Thursday, January 14, 2010

A jealous God

Ever thought about how odd it is that we serve a jealous God. Let me rephrase cause that sounds like a bad thing. We serve a God that is so incredibly loving that He not only gave His only son but he wants our thoughts and actions to be about Him. How much time do you spend daily in fellowship with God? 15 minutes, an hour? Before I get all preachy I will admit that I spend a very little bit of time with God. It has improved from the past, but it is so easy to forget God when going through the everyday motions. There is something for me to resolve to do this year, spend more time thinking on and worshipping the creator of the universe. How about you? How often do you think of every single thing in your body that has to be working perfectly or you have major complications. My oldest sister a year and a half ago nearly lost her husband (26 at the time) to a cardiac arrest because he had a weird heart condition, he survived because by the grace of God my sister happened to wake up and perform CPR until the paramedics arrived.
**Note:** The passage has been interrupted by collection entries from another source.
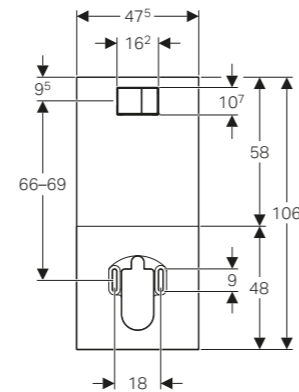

Geberit AquaClean Designplatte für Kompletanlagen Mera, Sela*, Tuma und Alba, wandhängend

Designplatte mit integrierter, flächenbündiger 2-Mengen Betätigung. Zur Herstellung eines verdeckten Wasseranschlusses bei Geberit Unterputzspülkästen ohne Leerrohr ab Baujahr 1988. Für Geberit AquaClean Kompletanlage Mera, Sela, Tuma und Alba. Ohne Beschädigung der Oberfläche montier- und demontierbar. Fertigoberfläche weiß beschichtet oder aus Glas weiß oder schwarz.

Designplatte, weiß beschichtet	Art. Nr. 115.329.11.1	€ 738,62
Designplatte, Glas weiß	Art. Nr. 115.328.SI.1	€ 1.323,38
Designplatte, Glas schwarz	Art. Nr. 115.328.SJ.1	€ 1.323,38

* Designplatte nicht kompatibel bei AquaClean Sela mit Duofresh Geruchsabsaugung, Artnr. 146.226.01.1

Geberit AquaClean Designplatte für Aufsatzgeräte

Designplatte mit integrierter, flächenbündiger 2-Mengen Betätigung. Zur Herstellung eines verdeckten Wasseranschlusses bei Geberit Unterputzspülkästen ohne Leerrohr ab Baujahr 1988. Für Geberit AquaClean Aufsatzgeräte Tuma und 4000. Ohne Beschädigung der Oberfläche montier- und demontierbar. Fertigoberfläche weiß beschichtet oder aus Glas weiß oder schwarz.

Designplatte, weiß beschichtet	Art. Nr. 115.322.11.1	€ 474,14
Designplatte, Glas weiß	Art. Nr. 115.324.SI.1	€ 936,34
Designplatte, Glas schwarz	Art. Nr. 115.324.SJ.1	€ 936,34

She has drawn so much closer to God in giving thanks that everything in her body is working and that each and every day she and her husband have life. I honestly cant think of the last time I thanked God I was alive and well. Can you? What about instead of fitting God in your schedule which is nearly impossible do to His greatness, fitting your schedule into God's. That may mean that some things you do daily that you dont really need may have to be removed.

Saturday, January 9, 2010

Two for the price of one

Im just going to post two in one because I'm a little behind here.

December 28, 2009
It is insane to think that God uses not just ordinary people but also weak hopeless failures (then again i suppose His options are limited. God's Word commands us to surrender everything to Him. Well what does that actually mean (my order may not be perfect if you expect perfection I will direct you to another blog)? First we have to come to grips with the reality that we are sinners, hopelessly lost without God and need Him. Then God starts to mold us into who we need to be, as we become more filled with the Spirit our desires start to shift. Slowly, but surely we break old, bad habits and new ones start to take root. But some habits are difficult to break, some seem to have a tight grip on us. We are in bondage to them and even through we know full well we can't make it without God and maybe this sin we are in bondage to is wrong we still serve it because it is comfortable and it seems to be safe. Maybe you have broken out of those or maybe your still struggling, we are all at a different place in our walk with God. What I have been struggling with over the past several months and am still struggling with is bitterness and anger which when left alone leads to depression, and from depression I spend less time with God. Depression or feeling down is hardly a sin, but when it takes the place of God it definitely gets to that. The last little bit of surrender needs to be talked about a little. It is the surrender of the will. If you are even the least like me a strong-willed control freak, the thought of surrendering control is difficult terribly frightening. In the past I have found myself bargaining with God, trying to keep some control while surrendering it. Then just when I think I have God under my thumb I fail to keep my side of the bargain and the crazy thing is that God still loves me. Surrendering control will likely be a life long battle for me but hey I've got God on my side.

January 9th, 2010 (that is weird to type)
Satan has been tormenting me for the last several weeks with different thoughts. Most of them lay with what I feel God is calling me to do over the next few months at my youth group and also school. Most of them deal with failing the task even with God or tempting me to crawl deep back down into depression where its safe and comfortable. But being comfortable won't do a single thing for me, or anyone. I know what I am to do so why stop for fears. 2 Timothy 1:7 says, "For God hath not given us the spirit of fear; but of power, and of love, and of a sound mind." We as Christians are running and race and we should expect that Satan will do all in his power to trip us up.